A maneira como a narrativa é construída é que revela o quanto o filme tem seu potencial. Logo no início o filme lembra um filme americano barato. Esse começo quase me tira do filme. A cena é construída de uma maneira que já assistimos inúmeras vezes. Pensei que iríamos imitar a maneira americana de fazer um filme. Além disso a cena da borracha cortada com água se esvaindo já era algo metafórico para a construção da cena e eis que então o diretor que também co-escreveu o roteiro quer colocar um algo a mais desnecessário em cena. Felizmente eu estava enganado pois após esse início o filme constrói toda sua atmosfera com recursos cinematográficos.
O filme é pouco iluminado e então um ambiente de terror e medo é construído em meio a escuridão. As vezes não sabemos se é dia ou noite.
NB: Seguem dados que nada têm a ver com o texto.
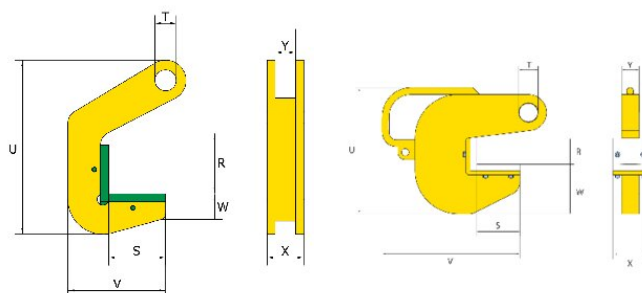

... [Read more](#)

Žymėjimas: Atitinka standartą, CE žymėjimas, Saugi darbinė apkrova (RDA) ir užgriebiamo krovinio storis ir CE žymuo.

Padengimas: Dažytas.

Standartas: EN 13155

Pastaba: Griebtuvai tinkami kelti ir transportuoti metalo gaminius, kurių kietumas ne didesnis 37 HRC (345 HB, 1166 N/mm)

Griebtuvas vamzdžių kėlimui TPH/TPH-HD

Techninis eskizas

Techninė informacija

Produkto kodas	Tipas	RDA t	Užgriebimo plotis mm mm	V mm	S mm	W mm	U mm	T mm	X mm	Y mm	Svoris kg
502100150400740	1.5 TPH	1,5	40	120	70	50	185	16	41	25	2
502100300400740	3 TPH	3	40	120	70	50	185	16	41	25	2
502100400500740	4 TPH	4	50	140	70	58	204	26	41	25	3
502100500600740	5 TPH-HD	5	60	309	100	85	232	26	80	20	6,7
502100600500740	6 TPH	6	50	140	70	58	204	26	41	25	3
502100800700740	8 TPH	8	70	140	70	58	224	26	45	25	3,4
502101000700740	10TPH	10	70	140	70	58	224	26	85	45	5
502101000600740	10 TPH-HD	10	60	319	100	85	236	36	80	30	9,7
502101200700740	12TPH	12	70	140	70	58	224	26	85	45	7
502101500700740	15TPH	15	70	155	70	76	250	26	100	60	9
502102000700740	20TPH	20	70	155	70	76	250	26	100	60	9
502102000600740	20 TPH-HD	20	60	362	100	105	285	51	80	35	14
502103000600740	30 TPH-HD	30	60	387	100	115	310	58	80	40	19
502106000600740	60 TPH-HD	60	60	418	100	115	350	85	80	60	28,5

O uso da câmera subjetiva consegue corroborar para o sentimento de algo que se esconde na mata ou na escuridão. Os quadros elaborados em primeiríssimos planos traz à tona a câmera de David Lynch filmando o pesadelo de Império dos Sonhos com a distorção do rosto dos personagens. Acrescenta-se a isso planos fechados sem grandes profundidade de campo. Dessa maneira somos envolvidos sem saber o que pode ter logo ali no escuro. E por fim o design de produção que se utiliza de uma casa que funciona bem como um pesadelo, não só por estar no meio do mato, mas sim pela construção de seu interior.
O roteiro pode parecer falho, mas ao chegarmos no final conseguimos enxergar várias pistas no decorrer do filme através de seus diálogos que contribuem para que se chegar ao desfecho do filme. A única falha é colocar as vezes personagens que não vão muito adiantes e em certo momento encaixar cenas que facilmente poderiam ser cortadas na montagem final. Falando de personagens não vejo Gagliasso convencendo na hora de falar seus diálogos, por outro lado Regiane Alves parece conseguir estar bem segura no personagem. A homenagem a José Wilker é válida, mas seu personagem parece ter perdido cenas na montagem final. Parece colocado apenas para ter essa homenagem, já que sua participação não é importante para a trama.
Construindo o filme com sabedoria ao utilizar recursos importante para contar a história, o filme mesmo não sendo algo original sabe desenvolver o potencial de sua história. Explorando cada canto da escuridão, seja interna ou externa, o filme consegue nos envolver em uma obra bem construída.